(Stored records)

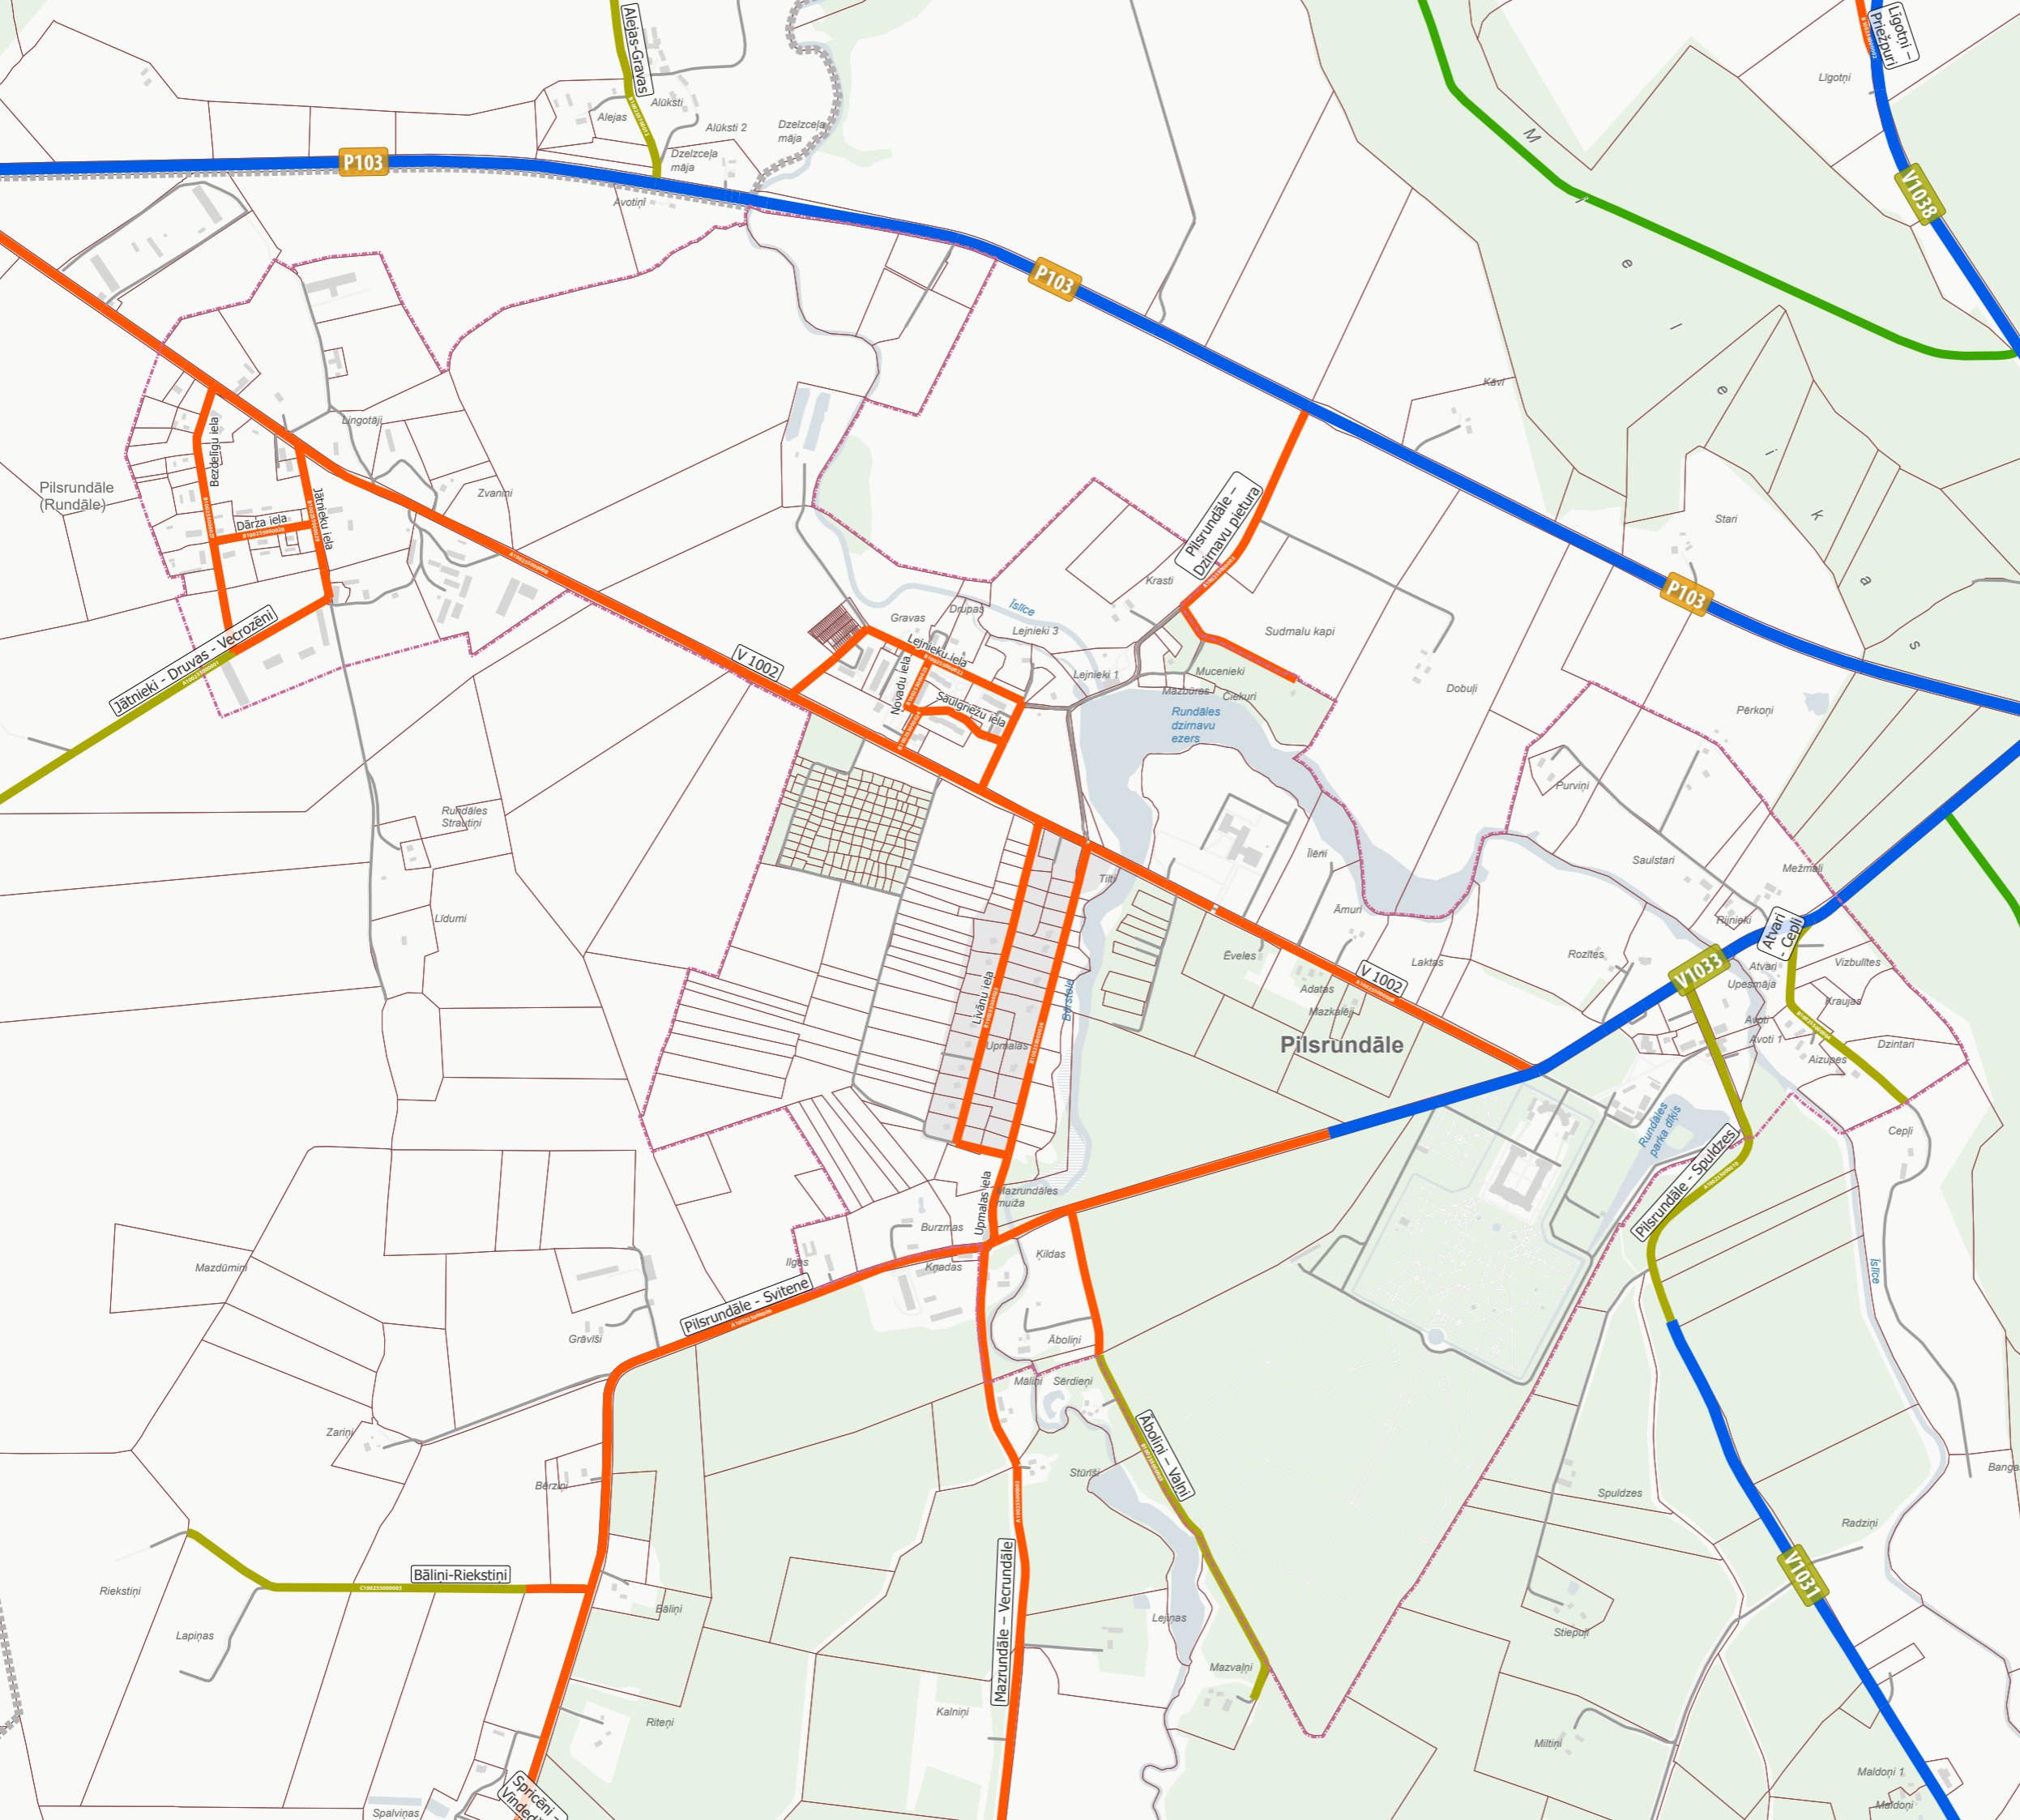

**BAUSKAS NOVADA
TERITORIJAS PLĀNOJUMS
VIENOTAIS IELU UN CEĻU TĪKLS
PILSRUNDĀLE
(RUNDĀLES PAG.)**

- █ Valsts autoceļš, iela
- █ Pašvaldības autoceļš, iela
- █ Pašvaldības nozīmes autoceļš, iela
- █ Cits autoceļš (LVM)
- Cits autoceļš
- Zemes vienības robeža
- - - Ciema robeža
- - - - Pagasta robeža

...

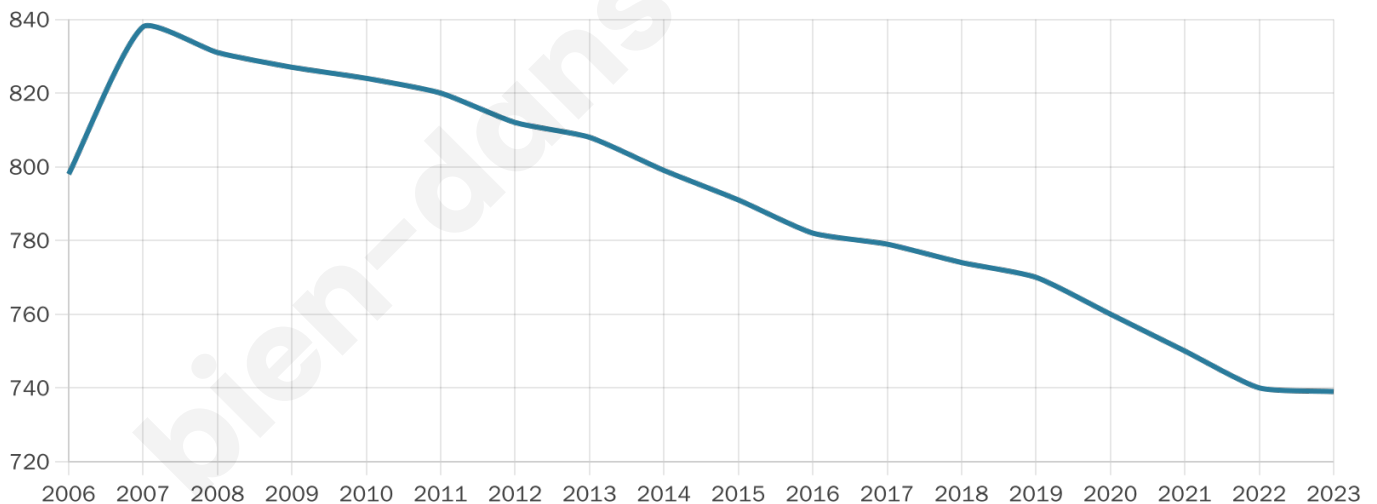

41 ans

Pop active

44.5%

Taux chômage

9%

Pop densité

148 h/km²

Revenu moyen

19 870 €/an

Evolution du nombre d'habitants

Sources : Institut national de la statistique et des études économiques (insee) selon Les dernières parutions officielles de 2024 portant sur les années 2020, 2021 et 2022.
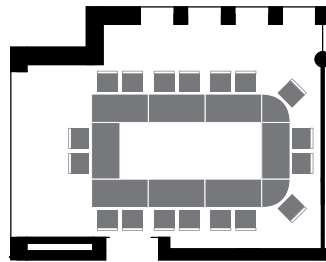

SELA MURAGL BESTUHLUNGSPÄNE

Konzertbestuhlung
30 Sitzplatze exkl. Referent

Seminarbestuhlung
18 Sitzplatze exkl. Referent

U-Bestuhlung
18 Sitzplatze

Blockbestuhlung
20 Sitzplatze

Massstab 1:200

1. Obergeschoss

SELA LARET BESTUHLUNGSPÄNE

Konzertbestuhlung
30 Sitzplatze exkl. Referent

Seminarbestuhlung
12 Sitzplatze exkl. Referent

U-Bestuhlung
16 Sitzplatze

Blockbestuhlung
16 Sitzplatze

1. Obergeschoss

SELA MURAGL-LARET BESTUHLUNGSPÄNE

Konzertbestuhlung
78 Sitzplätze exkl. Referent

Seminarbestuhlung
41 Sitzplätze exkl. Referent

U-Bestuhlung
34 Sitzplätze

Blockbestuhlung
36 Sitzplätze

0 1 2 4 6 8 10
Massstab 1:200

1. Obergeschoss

» **ACTION ITEM**
Restate word for word the entries above, starting at the line with "- █ Pašvaldības nozīmes autoceļš, iela" and ending at the line with "- - - - Pagasta robeža", inclusive, and no others.

» **RESULT**
- █ Pašvaldības nozīmes autoceļš, iela
- █ Cits autoceļš (LVM)
- Cits autoceļš
- Zemes vienības robeža
- - - Ciema robeža
- - - - Pagasta robeža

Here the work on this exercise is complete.